Pish-posh. I had an iPad device. Work bought me a first-gen model the week they came out, and we've got a number of shared iPad2s for development. I played around with it for a little over a year, using it almost entirely for its Web browser, eMail client/calendar, and the Economist.
The eMail client wasn't particularly great. it was manageable to type on the screen, but it was incredibly frustrating to do certain things, like prune unnecessary parts of a message to which you are replying.
The Web browser was a frustrating experience, especially if the WiFi was at all flaky. If I were following links from an eMail, I'd move between the two applications, and the Web browser would flush its cache when it woke-up, meaning I wouldn't have access to old pages until it was able to download and render them again. Even worse, it could only keep nine pages open at once, so if you had several open to come back to, and you happened to navigate to one that used pop-ups, you were SoL.

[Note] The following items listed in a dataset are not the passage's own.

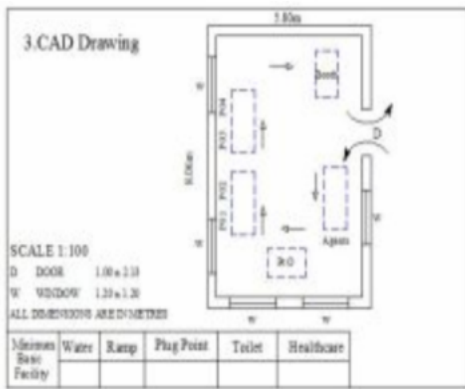

Google Map View

Polling Station Building Front View

Polling Station Front View

Cad View

Key MAP View

சட்டமன்றத் தொகுதியின் எண் மற்றும் பெயர் : 200-போடிநாயக்கனூர்
பிரிவு எண் மற்றும் பெயர் 1-போடிநாயக்கனூர் (வ.கி) மற்றும் (ந), வார்டு-6 தியாகி கருப்பையா சந்து

I didn't mind the format, and that's why I put up with it for a year. However, depending upon what I plan on doing, I now have two tablets that each work much better than the iPad device did. I have a Nook Simple Touch Reader which works great in daylight situations, and as a reader at night (with K9 mail, the default Android browser, and Opera browsers installed, it's much more reliable than the iPad for those purposes). For situations where eInk doesn't work, or more general browsing and usage I have a HP TouchPad (with a Debian chroot and iceweasel).
Yes, most people won't want to deal with loading an alternative home screen or configure a Debian chroot, but in doing so each are significantly better than the iPad device in my opinion, and together they're still less than a used first-generation iPad device from Apple. Maybe the Apple iPad device is best for you, and makes your life simpler, but objectively saying, from a technical standpoint, that nothing else can touch it disingenuous. (From the aspects of marketing, sales, and mind-share, things are obviously different.)